Jesús Luis Cunchillos was born in 1936 in Novallas, Aragon, Spain. He obtained various doctoral degrees from Spain and Paris, and was a prolific writer, the author of 160 books and scientific articles. Cunchillos was Profesor de Investigacion of the Consejo Superior de Investigaciones Científicas (CSIC), Spain, which is attached to the Instituto de Filología, Département of Filología Biblica y Oriente Proximo. He was also the Manager of the Hermeneutics Lab.

== Culture ==

 Traditions:

Some of the outstanding traditions are:

"La Vieja" (The old woman), which takes place on Thursday of the week which is at half of Lent. Children ask the grandmothers snack (traditionally omelet with "chorizo" - Spanish red sausage) to go to eat at the place known as "Fuente Vieja" (old fountain), located on the banks of the river Queiles.
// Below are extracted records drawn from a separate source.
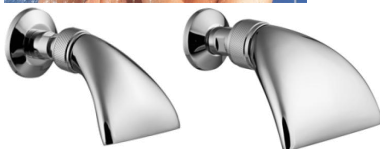

<u>Art.nr.</u>	<u>Stortdouche</u>	<u>Prijs</u>
KN04112-C	Standaard stortdouche 1/2", 37 L/min - 1,5 bar.	€ 119,-
KN04132-C	Brede stortdouche 1/2", 40 L/min - 1,5 bar.	€ 170,-
KN04133-C	Brede stortdouche 3/4", 120 L/min - 1,5 bar.	€ 170,-
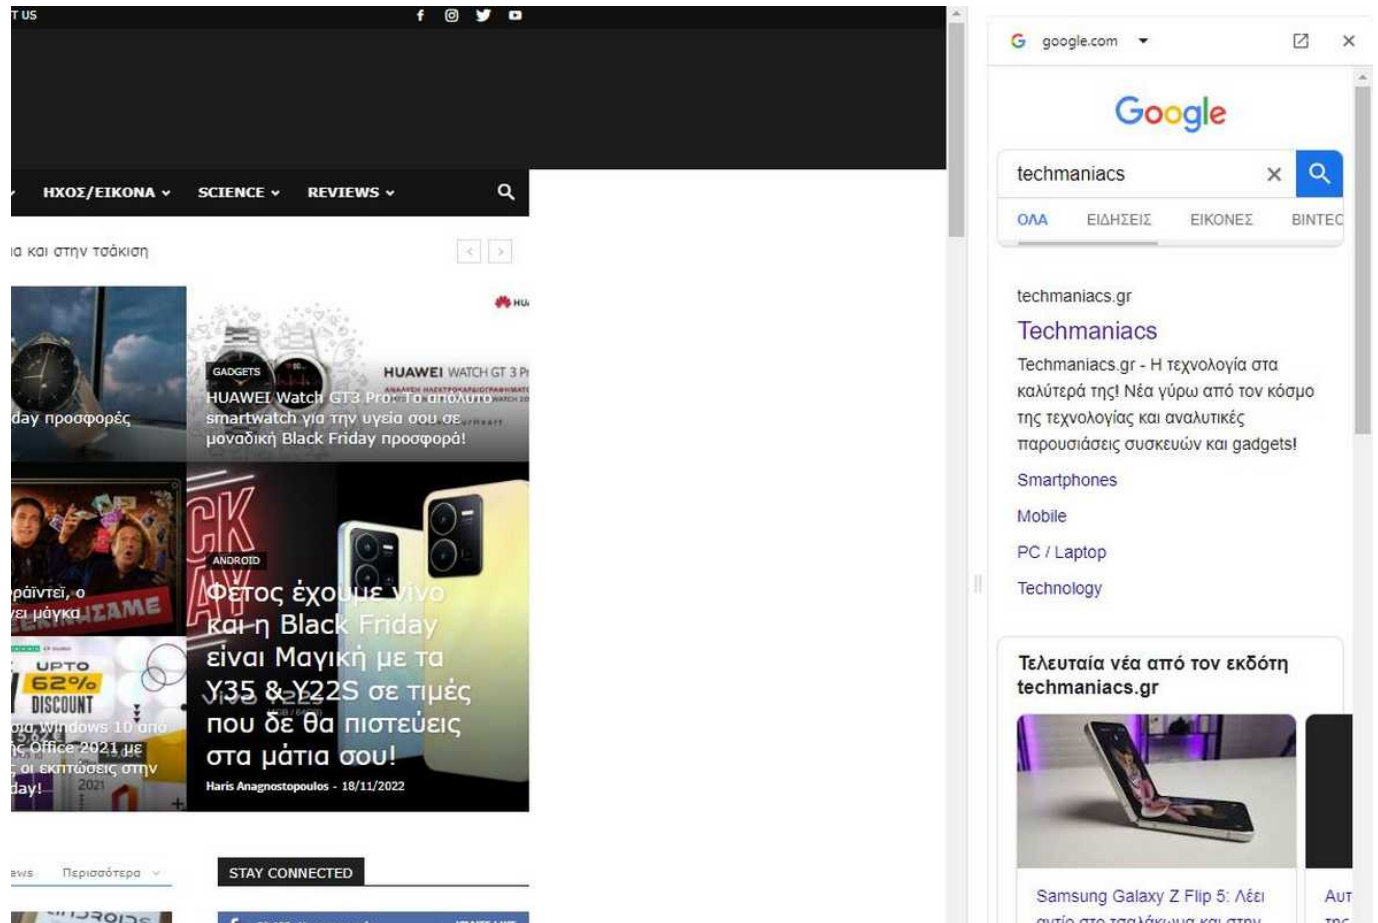

# Έτσι ενεργοποιείς τη νέα sidebar αναζήτησης του Google Chrome

/ Επιστήμες, Τέχνες & Πολιτισμός

Όταν πραγματοποιείς μια αναζήτηση στο web και στη συνέχεια πιέζεις σε έναν σύνδεσμο, ένα μικρό εικονίδιο της μηχανής αναζήτησης θα εμφανιστεί στη δεξιά πλευρά της address bar. Αν πιέσεις σε αυτό, τα αποτελέσματα αναζήτησης θα εμφανιστούν ξανά, αλλά αυτή τη φορά σε panel στην δεξιά πλευρά της οθόνης.

Αν μέσα στο πλαϊνό panel πιέσεις έναν σύνδεσμο, η σελίδα θα αντικατασταθεί με την σελίδα του αποτελέσματος που μόλις έκανες κλικ. Θα πρέπει να σημειώσουμε ότι λειτουργεί μόνο με την Google και όχι όταν μηχανές σαν την DuckDuckGo έχουν τεθεί σαν εκ προεπιλογή.
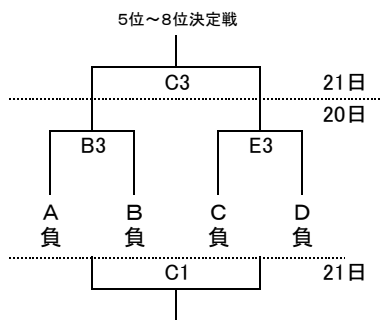

平成29年度第73回栃木県高等学校バスケットボール新人大会
 兼 関東高等学校新人バスケットボール大会 県予選会

試合会場	
栃木市体育館	A B C
県北体育館	D E
県南体育館	F G H
宇都宮市体育館	I J K
足利南高校	L M
宇都宮工業高校	N O
矢板中央高校	P Q
宇都宮女子高校	R S
宇都宮北高校	T U
那須拓陽高校	V W
小山城南高校	X Y

決勝リーグ				T・O
①	20日	A3	A-B	D2負
②	20日	D3	C-D	G2負
③	21日	A1	①勝-②負	(男A)
④	21日	B1	①負-②勝	(男B)
⑤	21日	A3	①勝-②勝	(男C)
⑥	21日	B3	①負-②負	(男D)
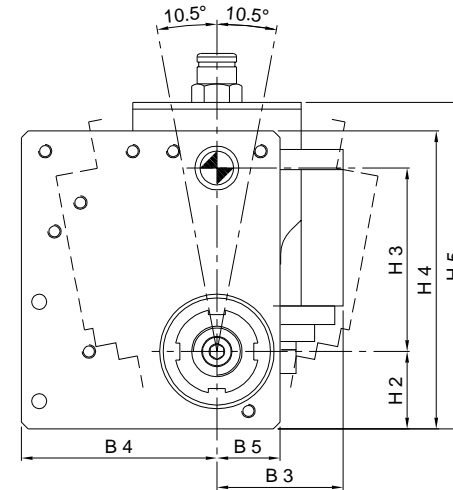

Star LAUW 13-1 A

6'000 min -1 / rpm
i = 1:1

Schwanog
Ref. No. 194346

Gewinde-Wirbeleinrichtung
Thread whirling unit
Filettatura a mulinello
Unité tourbillonnaire

Machine Types

SR-32J
SR-32J N

Auch einsetzbar auf / Also usable on

ECAS-12
ECAS-20
SR-20J C
SR-20J N
SR-20RII
SR-20RIII

Ref. No. Star	Ref. No. Su-matic	Gewindewirbelkopf Thread whirling unit	L 1	L 2	L 3	H 1	H 2	H 3	H 4	H 5	B 1	B 2	B 3	B 4	B 5	D 1	D 2	Nm max.	Schmierung Lubrication	rpm max. min -1	i n 1 : n 2	Zubehör Accessory	Page
A	-	14700000090 LAUW 13-1 A	77.5	30.5	108	4.5	23	54.5	88.5	97	75	58	37.5	58	18.75	34	12	13	Oelnebel Micro fog	6'000	1 : 1	-	
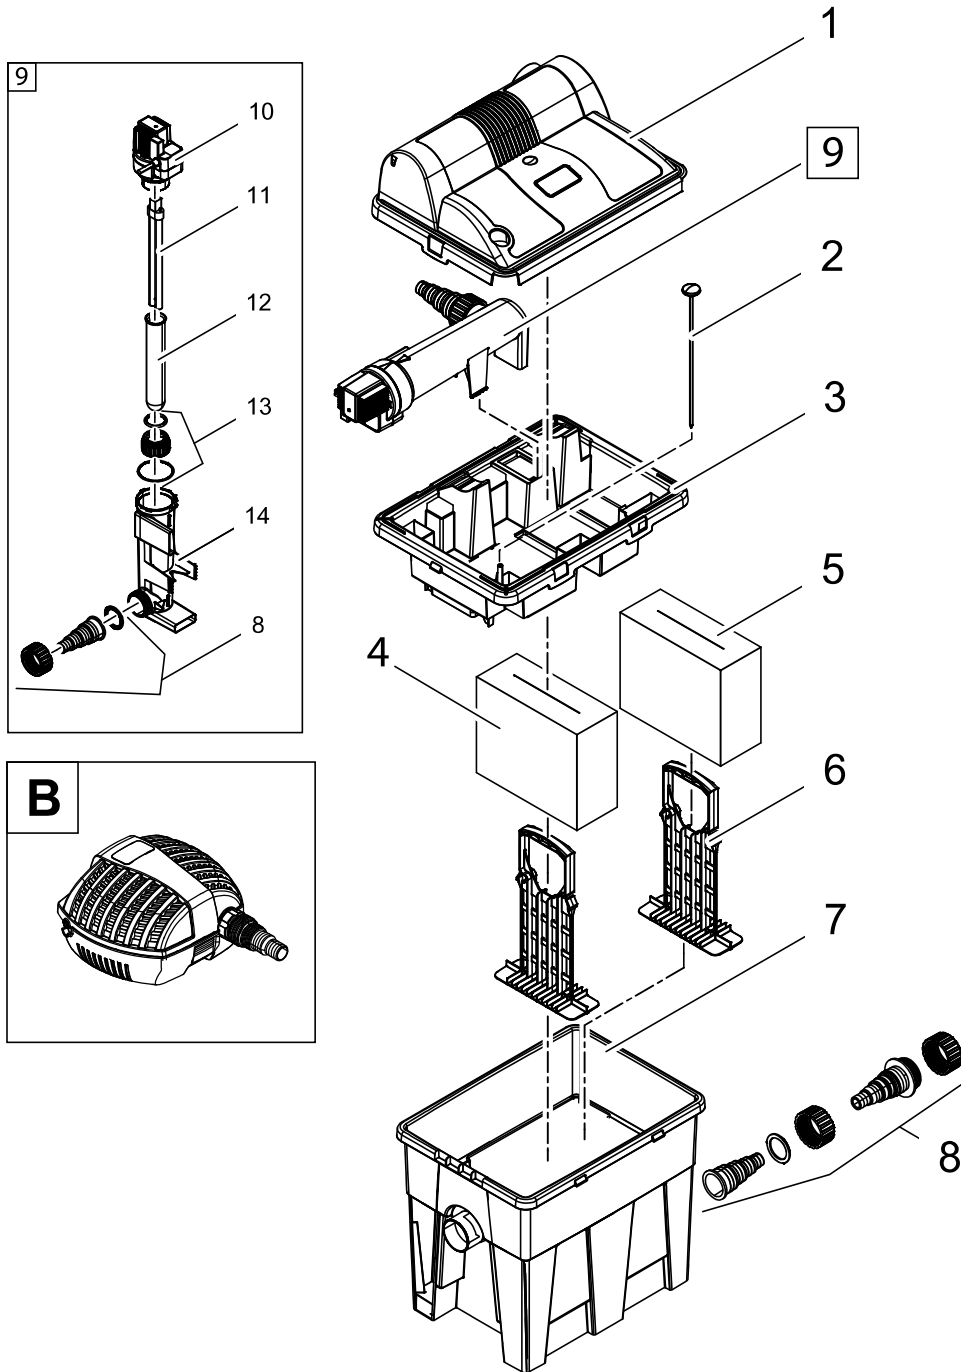

Item no.	Product
50525	BioSmart Set 5000
50449	BioSmart Set 7000
57375	BioSmart UVC 8000

Pos.	Item no. Product	Product	Item no. Spare part	Spare part	Number
1	50525	BioSmart Set 5000 [INT]	29404	Cover UVC BioSmart	1
	50449	BioSmart Set 7000 [INT]			
	57375	BioSmart UVC 8000 [INT]			
2	50525	BioSmart Set 5000 [INT]	29594	Thermometer neutral	1
	50449	BioSmart Set 7000 [INT]			
	57375	BioSmart UVC 8000 [INT]			
3	50525	BioSmart Set 5000 [INT]	34896	Inner cover BioSmart 5000	1
	50449	BioSmart Set 7000 [INT]	34897	Inner cover BioSmart 7000/8000	1
	57375	BioSmart UVC 8000 [INT]			
4	50525	BioSmart Set 5000 [INT]	35791	Replacement foam red BioSmart	1
	50449	BioSmart Set 7000 [INT]			
	57375	BioSmart UVC 8000 [INT]			
5	50525	BioSmart Set 5000 [INT]	35792	Replacement foam blue BioSmart	1
	50449	BioSmart Set 7000 [INT]			2
	57375	BioSmart UVC 8000 [INT]			2
6	50525	BioSmart Set 5000 [INT]	34899	Foam holder DLF OEM03	2
	50449	BioSmart Set 7000 [INT]			3
	57375	BioSmart UVC 8000 [INT]			3
7	50525	BioSmart Set 5000 [INT]	25727	Filter box BioSmart 5000-7000 with UVC	1
	50449	BioSmart Set 7000 [INT]			
	57375	BioSmart UVC 8000 [INT]			
8	50525	BioSmart Set 5000 [INT]	35204	Spare connection kit BioSm 5-16000 w UVC	1
	50449	BioSmart Set 7000 [INT]			
	57375	BioSmart UVC 8000 [INT]			
9	50525	BioSmart Set 5000 [INT]	10763	ASM UVC 7 W cpl.	1
	50449	BioSmart Set 7000 [INT]	10767	ASM UVC 9 W cpl.	1
	57375	BioSmart UVC 8000 [INT]			
10	50525	BioSmart Set 5000 [INT]	15665	ASM UVC 7 / 9 / 11 W 2011	1
	50449	BioSmart Set 7000 [INT]			
	57375	BioSmart UVC 8000 [INT]			
11	50525	BioSmart Set 5000 [INT]	57111	Replacement bulb UVC 7 W	1
	50449	BioSmart Set 7000 [INT]	54984	Replacement bulb UVC 9 W	1
	57375	BioSmart UVC 8000 [INT]			
12	50525	BioSmart Set 5000 [INT]	13312	Quartz glass D33 x 200 with rim	1
	50449	BioSmart Set 7000 [INT]			
	57375	BioSmart UVC 8000 [INT]			
13	50525	BioSmart Set 5000 [INT]	15535	Spare part clip bolt set UVC 7 / 9 / 11	1
	50449	BioSmart Set 7000 [INT]			
	57375	BioSmart UVC 8000 [INT]			
14	50525	BioSmart Set 5000 [INT]	34900	UVC water housing DLF OEM03	1
	50449	BioSmart Set 7000 [INT]			
	57375	BioSmart UVC 8000 [INT]			
B	50525	BioSmart Set 5000 [INT]	15329	Spare pump FP 1500	1
	50449	BioSmart Set 7000 [INT]	13745	Spare pump FP 2500	1
	57375	BioSmart UVC 8000 [INT]			
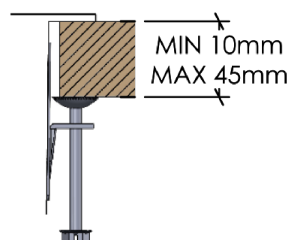

SCHOCK

ACCIAIO INOX

NEW TECHNICK N100LS

Intaglio per troppopieno

SCHOCK

ACCIAIO INOX

NEW TECHNICK N100LS

Installazione: SOPRATOP

Installazione: FILOTOP
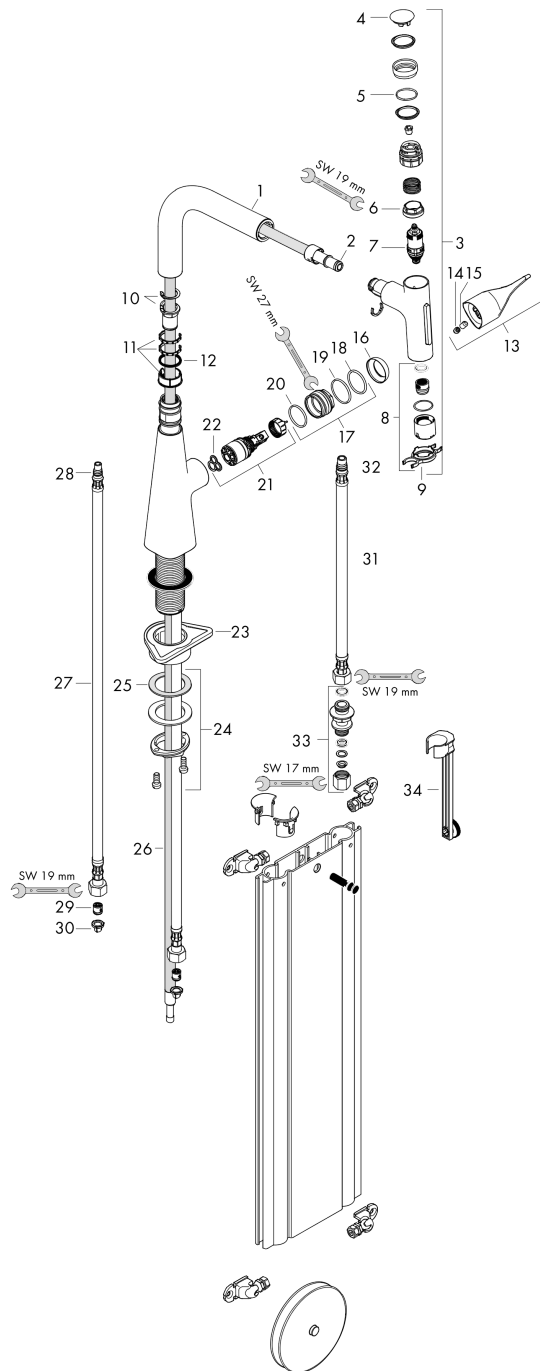

Oppervlakte finish: **rvs look** Artikelnummer: **73817800**

Doorstroomdiagram

Metris Select M71

ééngreeps keukenmengkraan 240 met uittrekbare vuistdouche en sBox, 2 straalsoorten

Oppervlakte finish: rvs look Artikelnummer: 73817800

Explosietekening

Bouwjaar: >01/19

Metris Select M71**ééngreeps keukenmengkraan 240 met uittrekbare vuistdouche en sBox, 2 straalsoorten**Oppervlakte finish: **rvs look** Artikelnummer: **73817800****Reserveonderdelenlijst**

Bouwjaar: >01/19

Regel	Beschrijving	Artikelnummer	Prijs incl. BTW	VE
1	uitloop compl.	93175800	-	1
2	O-ring 8x2	98112000	-	1
3	vuistdouche	93412800	-	1
4	deksel	92566800	-	1
5	O-Ring 14x1,5	98201000	-	1
6	moer	92567000	-	1
7	bovendeel	98463000	-	1
8	straalschijf	93342000	-	1
9	servicesleutel	95910000	-	1
10	stelringset	98365000	-	1
11	O-ring 21x2,5	98211000	-	1
12	greep	93170800	-	1
13	inbusschroef M6x10 DIN 916	96029000	-	1
14	greepstop	95704000	-	1
15	afdekkap	95493800	-	1
16	moer	98864000	-	1
17	O-ring 23x2	98398000	-	1
18	O-ring 27x1,5	92527000	-	1
19	O-ring 25x1,5	98146000	-	1
20	kardoes compl.	97685000	-	1
21	dichting	98865000	-	1
22	bevestigingsmateriaal	97523000	-	1
23	schachtbevestigingsset compl. (Ø 34)	95049000	-	1
24	stelring	97548000	-	1
25	slang	93188000	-	1
26	aansluitslang 900 mm M8x0,75 G3/8	95372000	-	1
27	O-ring 7x1,5	98422000	-	1
28	terugslagklep DW 10	96456000	-	1
29	zeefdichting	95291000	-	1
30	aansluitslang 450 mm M10x1 G3/8	96507000	-	1
31	O-ring 8x1,75	97827000	-	1
32	klemverbinding	96099000	-	1
33	verlengset	43333000	-	1
a	Kranenvet	90920000	-	1
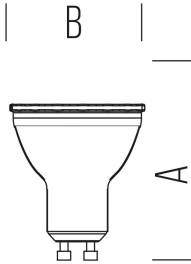

LED GU10 - 36°

POTENZA W	EQUIVALENZA W	BASE	KELVIN	LUMEN lm	MISURE mm	FASCIO °	CANDELE cd	CODICE	EAN	CLASSE ENERGETICA
4,2	50	GU10	2700	370	1	36	640	SLD630532B	8031453018498	A↑ G F
4,2	50	GU10	4000	370	1	36	640	SLD630533B	8031453018504	A↑ G F
4,2	50	GU10	6500	370	1	36	640	SLD630531B	8031453018481	A↑ G F
4,9	75	GU10	2700	595	1	36	950	SLD630732B	8031453018559	A↑ G E
4,9	75	GU10	3000	595	1	36	1000	SLD630732BB	8031453019662	A↑ G E
4,9	75	GU10	4000	595	1	36	950	SLD630733B	8031453018566	A↑ G E
4,9	75	GU10	6500	595	1	36	950	SLD630731B	8031453018542	A↑ G E

DIMENSIONI	A	B	C
1	54	50

The pilgrimage to Santipol is the second of three rotations that preceded the Ascension related to the blessing of fields. The pilgrimage begins with a procession to a hill in which there is a votive column from which the priest bless the fields. It is tradition for the council to give a bag of salty almonds and a piece bread to the participants.

At San Blas day morning, the tradition is to bless the "roscones" (ring-shaped cakes).

Novallas also celebrated San Antón and San Isidro.

 Eating:

The "rancho" is the typical meal to eat in crew. It consists of a stew of pork, hare or rabbit with potatoes.

During the patron festivals, a mass lunch is celebrated. The food is based on white beans and brave bull.

The vegetables are very good, especially borage, chicory, artichokes and cardoon.